Gaming in 2025 is simultaneously incredible, insanely cool, and infuriating. We’ve now reached a point where games look breathtaking, sometimes even photorealistic, some stories hit deeper than they ever did, and Indie creativity is through the roof. But somewhere along the line, gaming industry trends turned int nasty habits that simply refuse to die.
From bloated live service systems (you knew this one would come) to predatory monetization and the obsession with cinematic…well, everything, it has become a conglomerate of gaming industry trends that dilute what made the medium great in the first place, and that’s without just nostalgia talking.

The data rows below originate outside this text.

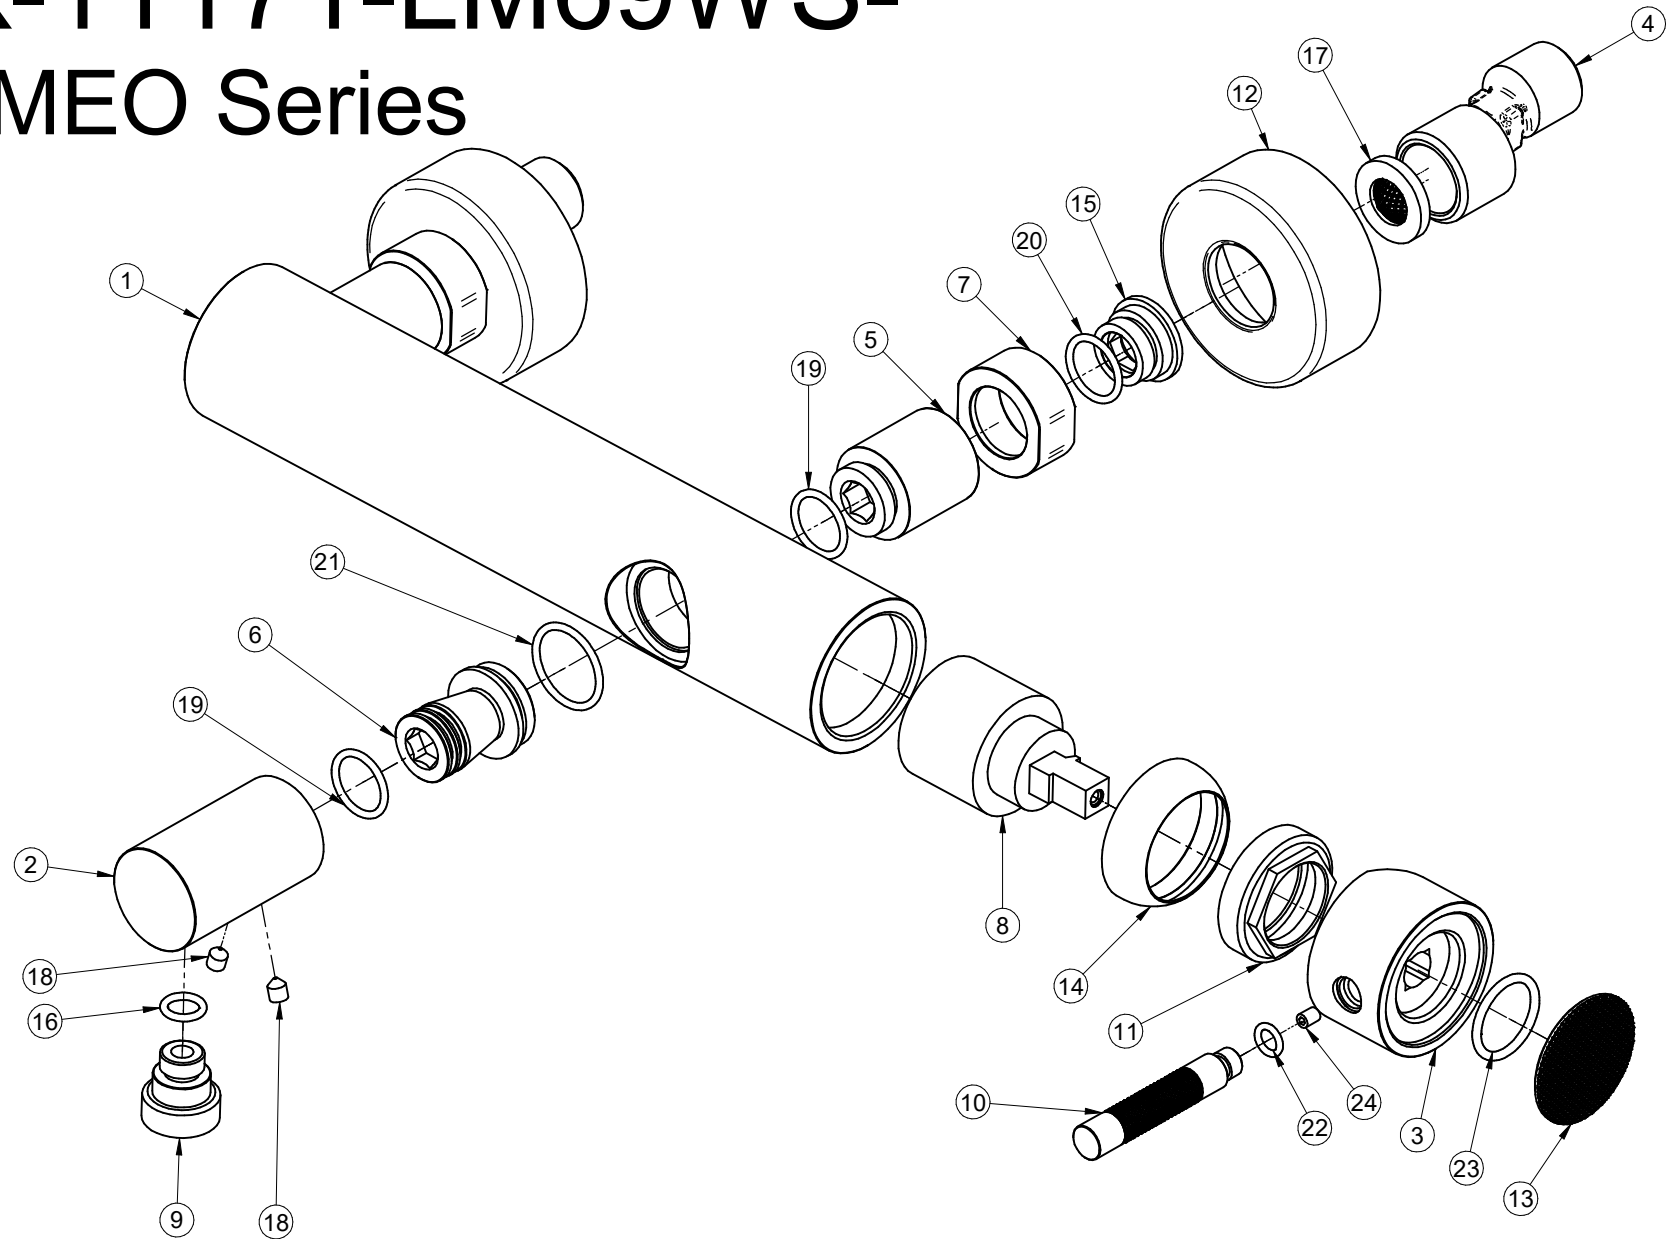

EX-11171-LM69WS-**

CAMEO Series

GRAFF®
Art of Bath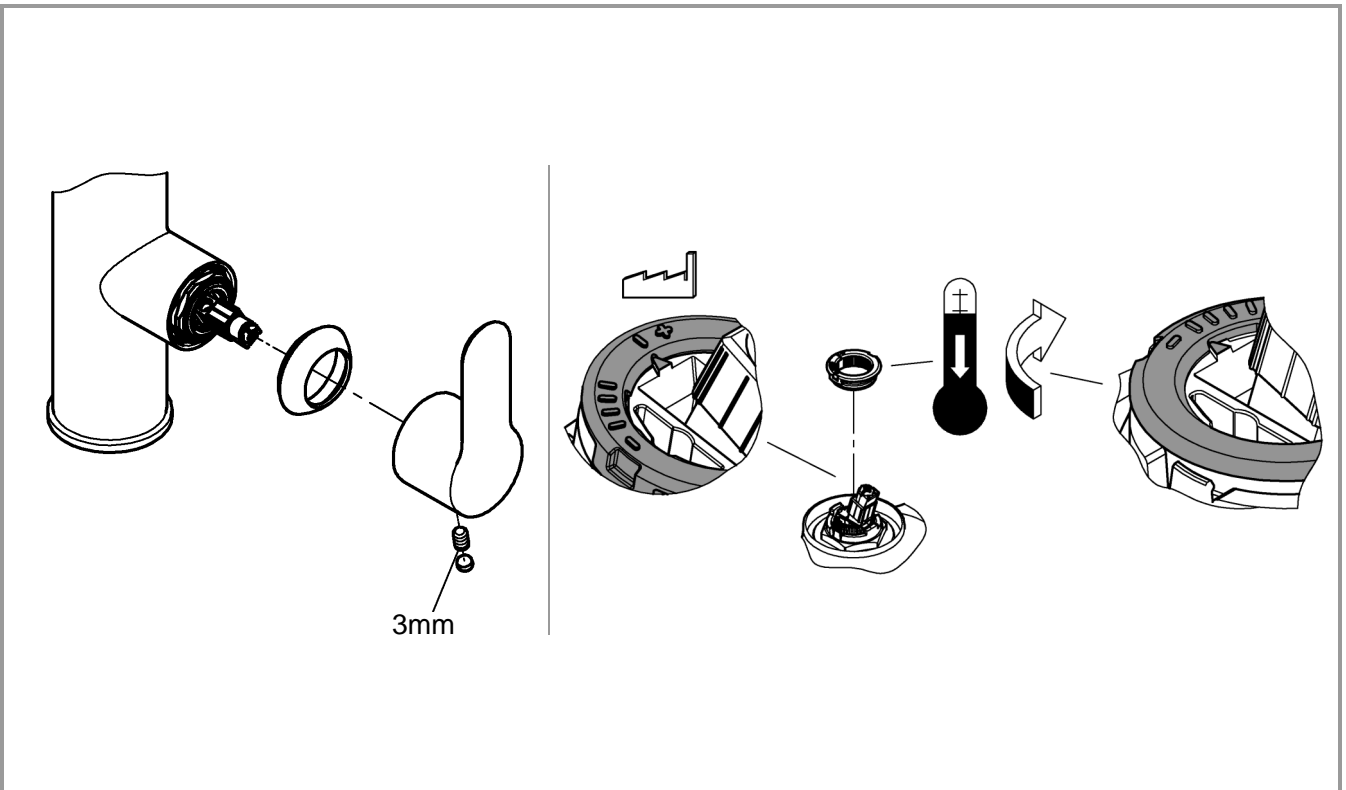

°C

max. 70°

60°

1

Diagram showing the mesh being inserted into the tap handle. A hand is shown holding the mesh. A starburst indicates a warning or important note.

2

Diagram showing the tap handle being tightened. A circular inset shows the handle being turned clockwise. Dimensions: max. 45mm, max. 60mm. Torque: 36mm max. 15Nm. Arrows 1 and 2 indicate the direction of rotation.

3

Diagram showing the final assembly and adjustment of the tap handle. A circular inset shows the handle being turned clockwise. Dimension: 19mm. A warning icon (!) is present.

Pure Freude
an Wasser

GROHE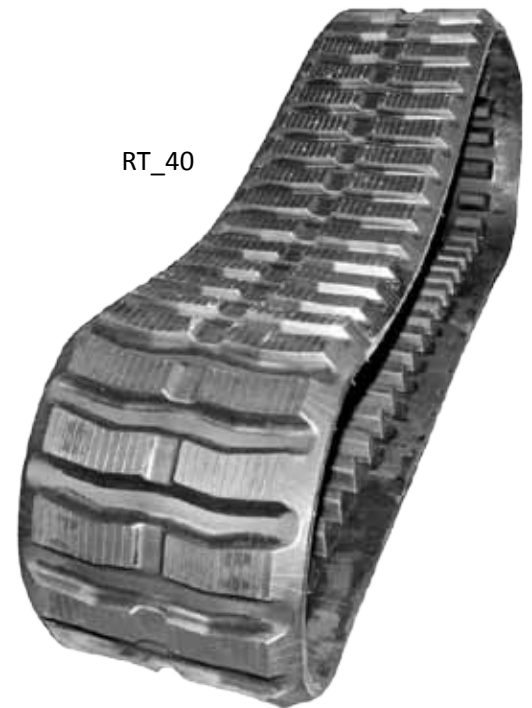

Caterpillar 247-257

B & B Series 2

Multi Terrain Loaders

Rubber Track Options

RT_39

RT_40

RT_56

RT_39 Original Style

This tread is designed to provide exceptional floatation, traction and stability with minimal pressure on the ground and surface damage.

RT_40 Aggressive Straight Bar Tread Pattern

Compared to the original, this popular track offers supreme aggressive traction and a lightweight solution without losing floatation.

RT_56 Anti-Vibration Tread Pattern

Experience reduced vibration and a smoother ride with tracks that are specifically designed to leave a light footprint and reduce damage on sensitive turf.

Check with your sales representative for more options.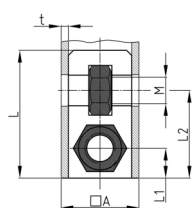

Product Group SEVVM2

Screw corner connectors made of PA without collar for square tubes, with two bright galvanized hexagon nuts

Standard Colours

- black

Material

- Base body: Polyamide (PA)
- Thread: zinc-plated steel

- Order related production! Please ask for minimum quantity.
- Fixing of wheels or adjustable feet of horizontally lying tubes.
- Right-angled connection to trusses
- Subsequent installation of shelf compartments in already existing constructions
- Invisible connections

Order Number	A	L	L1	L2	M	t
	mm	mm	mm	mm		mm
SEVVM2 20x1 M8	20	42	27	10	M8	1
SEVVM2 25x2 M8	25	43	28	12,5	M8	2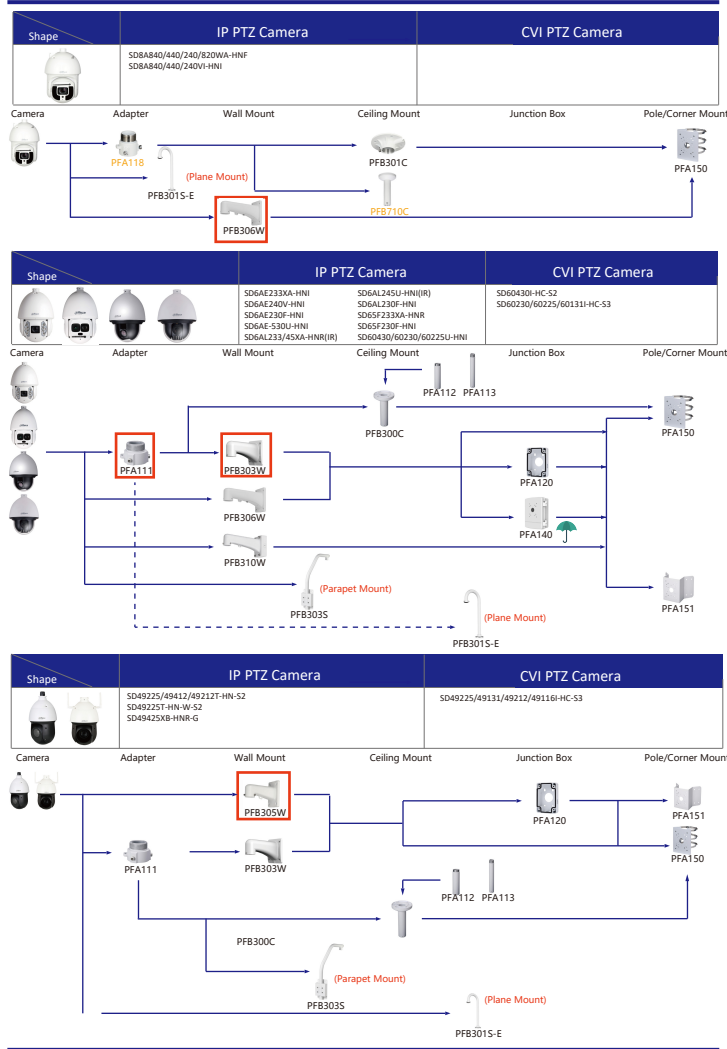

Selection of IP&CVI Eyeball Camera

Shape	IP Camera	CVI Camera
	IPC-T2840/20-ZS IPC-T2800-L-ZS	HAC-T3A21/41/51-VF

Shape	IP Camera	CVI Camera
	IPC-T18bx	ME1200/1400/1500E ME1200/1500E-LED

Shape	IP Camera	CVI Camera
		HAC-HDW1301/1500/1400/1200/1230/1800TL HAC-HDW1801/1500/1400/1200/1230/1800TL-A HAC-HDW1239/1409/1509TL-LED HAC-HDW1239/1409/1509TL-A-LED HAC-HDW1500/1230/1200/1230SL HAC-HDW1400SL-S2

Shape	IP Camera	CVI Camera
	IPC-HDW2230/2431/2831/2531/2231T-AS-S2 IPC-HDW2341/3441/3541T-AS IPC-HDW1531/1431/1231/1230/1330/1220/1020S IPC-HDW1430/1230S-S3 IPC-HDW1230S-L-S3 IPC-HDW4421/4120/4220/4221/4231/4431E	HAC-HDW1100/1200R-VF

Selection of IP&CVI Eyeball Camera

Shape	IP Camera	CVI Camera
		HAC-HDW1200/1100/1800R HAC-HDW1400R-S2 HAC-T1A1121/41/51 HAC-T1A21-E

Shape	IP Camera	CVI Camera
		HAC-HDW1100/1200R-VF

Selection of PTZ Camera

Selection of PTZ Camera

Selection of PTZ Camera

Selection of PTZ Camera

Selection of Thermal Camera

Selection of Thermal Camera

- Orange font ..... Special accessories
- ..... Not recommended
- Red font ..... Special installation
- ..... Including
- ..... IP66

Some of these trends are stifling creativity, pacing, and, yes, player experience.
Worrying Gaming Industry Trends
- Live Service Games

Once upon a time – a time, we can still remember vividly – “live service” meant regular updates and cool seasonal content. Now it’s code for grindy, soulless progression loops and half-finished releases. Studios are so obsessed with retention metrics that they forget to make their games fun. Not every title needs daily challenges, login rewards, and overpriced cosmetics, believe it or not.
Sometimes, people just want a complete experience at launch – not a part-time job disguised as entertainment, because that’s exactly what most of those titles feel like, a chore.
Even big names like Suicide Squad: Kill the Justice League proved that no amount of content schedules can save a hollow game. Live service should enhance games, not drain the life out of them.
- Monetized Early Access
This one’s especially bizarre, since a lot of gamers, until this day, believe that early access is a bad thing. But let’s be honest – are most AAA games anything else than glorified early access with a steeper price tag? To make matters worse, with not even the day-one patch making things better a lot of the time?
Sure, some indie devs use the model honestly – Baldur’s Gate 3 proved that it can work, but that game is a unicorn anyway. When AAA studios slap the same label on broken $70 launches, it’s just exploitation with better marketing.
So let’s just stop pretending the good ol’ “we’ll fix it later” counts as a release strategy. If your game isn’t done, don’t charge full price for it.
- Artificial Difficulty for the Sake of Challenge
Somewhere along the line, game design appears to have gotten confused between the words challenging and cheap. We’re talking, of course, about artificial difficulty, something we’ve explored in-depth before. From bullet-spongy enemies, weirdly set checkpoints, and more repetition than we’re able to count, all these don’t make games better, just longer.
True difficulty is about gameplay mastery, smart design, and perhaps adjusted AI behavior – but that’s hard to program, so some developers just take the easy route.
Titles like Elden Ring or Silksong prove that difficulty can be an engaging hook, but only if it’s truly earned. Otherwise, all you end up with are disgruntled players who end up putting your game down in frustration.
- Pre-Order Bonuses and Deluxe Edition Confusion
There’s no polite way to say it, but pre-order culture needs to vanish into the digital void. In an age of instant access and refunds, there’s no reason to buy a game before reviews even exist. And yet, publishers still dangle “exclusive” gear, XP boosts, or – our personal favorite – 24 hours early access as if we’re lining up outside a midnight launch in 2007.

Worse, modern editions are a labyrinth: standard, deluxe, gold, ultimate, “founder’s.” All with different perks, all designed to confuse. Games should sell themselves on quality, not manufactured FOMO, simply designed to sell more copies. Now granted, if the game behind it is good, some players might take the bait, but even then, it’s just no way to treat your customer base.
- Copy-Paste Open Worlds
Exploration is an important tool in video game design because it connects the player to the world, and interaction with our favorite digital medium is why we do all this, after all. If you’re world map is well-designed, you don’t need a huge open world with copy-pasted buildings; what you need is recognizable landmarks, so the player can engage with the world in an immersive way, without having to pull out a map screen every five meters.
The bigger is better philosophy has turned too many open-world games into bloated chores, rather than a world you can’t wait to explore and, yes, even lose yourself in. Assassin’s Creed Valhalla, Forspoken, or heck, actually every Ubisoft title since Far Cry, falls into that same old trap, and if you compare that to games like Gothic or even Skyrim to an extent, you can clearly see the disconnect.
Every path needs to tell a story, or at least have a purpose, and developers need to stop treating map size as a selling point. We’d rather have them focus on what actually matters: Making their painstakingly crafted gameworld feel less sterile – and more alive.